These benchmark datasets were introduced to the HMC community in 2007, and, thus, the functional labels associated with each protein can be considered outdated. There are two reasons for this. First, functional annotations are updated on a regular basis. Second, as can be seen in Fig. 3a, there was a drastic increase in the number of terms throughout the Gene Ontology since the creation of these datasets (January 2007). A similar observation can be made for the number of obsolete terms as shown in Fig. 3b. Accordingly, one of the main goals of this article is to provide updated versions of these widely used HMC benchmark datasets to the research community.
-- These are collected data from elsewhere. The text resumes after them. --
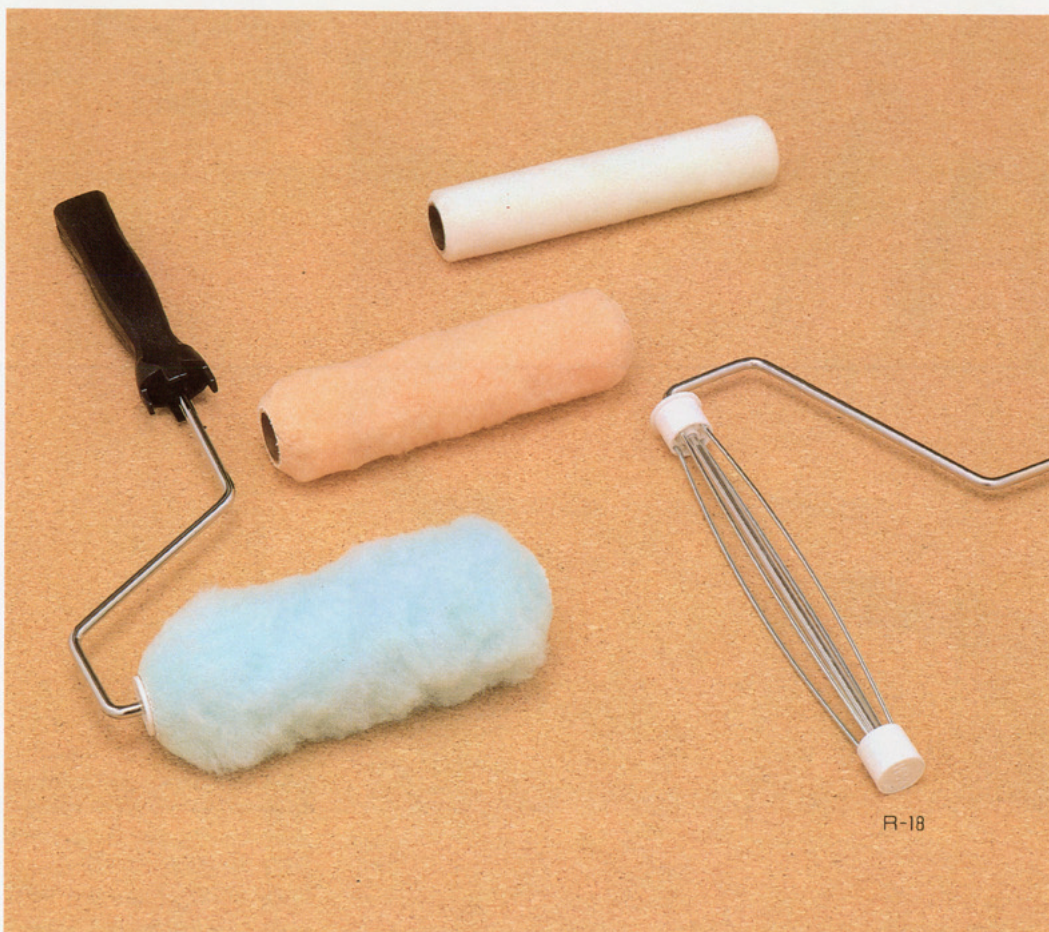

今後ますます用途が広がる、テクニシャン。

スモールローラー

只今、人気上昇中/小回りがきき、あらゆる現場で想像以上の動きをやってのける、頼もしいローラーです。
近々、ヨーロッパより直輸入による新しい仲間が加わり、バリエーションもますます豊かになりますので、ご期待ください。

- R-11 クラウンスモールローラー
- R-12 スモールローラー (黄)
- R-13 スモールローラー (ピンク)
- R-14 短毛スモールローラー
- R-15 スモールローラー用ハンドル
- サイズ/4号・6号
- 入数/20本

ミディアムローラー

スモールローラーをひとまわり大きくしました。それにより、スモールの機動力に能率をプラス。ハンドルはスモールハンドルと兼用ですので、大変便利です。

R-16 ミディアムローラー

- サイズ/短毛=5号・7号、中毛=5号・7号
- 入数/20本

スリムローラー

ワンタッチローラーをそのまま細くしました。長時間の作業やローラーポールを付けてする高所の塗装にも楽々です。毛丈は中毛と、凸凹用に長毛も取り揃えました。ハンドルは、専用ハンドルが必要です。

R-17 スリムローラー

- サイズ(短毛・中毛・長毛共)/4号・7号・9号
- 入数/20本

R-18 スリムローラーハンドル

- サイズ/4号・7号・9号
- 入数/20本

R-18

Using these new datasets, we present a comparison among four recent and open-source HMC methods that can be considered state-of-the-art,thus providing baseline performances as guidelines for future research on this topic. Finally, having two different versions of the same datasets provides us with the unique opportunity to be able to evaluate whether these HMC methods are able to generalize when learning from data with mislabeled instances. In particular, we evaluate whether they were able to predict the correct label in cases where the label has been altered since 2007. In order to do so, we propose an evaluation procedure where a predictive model is trained using the data from 2007, but tested with data from 2018.

The major contributions of this work are the following: i) We provide new benchmark datasets for HMC^{Footnote 1}; ii) We provide baseline results for the new datasets; iii) We provide an evaluation procedure and results that evaluate whether HMC methods are able to discover new or wrong annotations.

The remainder of this article is organized as follows. “Related work” section presents an overview of studies on HMC which have used the functional annotation benchmark datasets proposed in 2007. “Updated datasets” section provides a description on how the datasets were updated, together with a quantification of new labels and annotations. In “Results” section, we present the results of our experiments. In “Discussion” section, we discuss our results. In “Conclusion” section we present our conclusion. Finally, “Methods” section contains the HMC methods employed and the evaluation strategies;

Related work

In this section, we provide a literature overview of studies that have used the datasets addressed in this work, and a brief review on hierarchical multi-label classification applications. In Table 1, we present studies which have used the FunCat and GO datasets.

Table 1 Review on HMC studies which used FunCat and GO datasets

Full size table

In the HMC literature, methods are separated into two approaches: local and global. The difference between these approaches relies on how their predictive models are designed. The local approach employs machine learning decompositions where the task is divided into smaller classification problems, then the solutions of the sub-problems are combined to solve the main task. As an advantage, any predictive model, or even an ensemble of models, can be incorporated into the solution.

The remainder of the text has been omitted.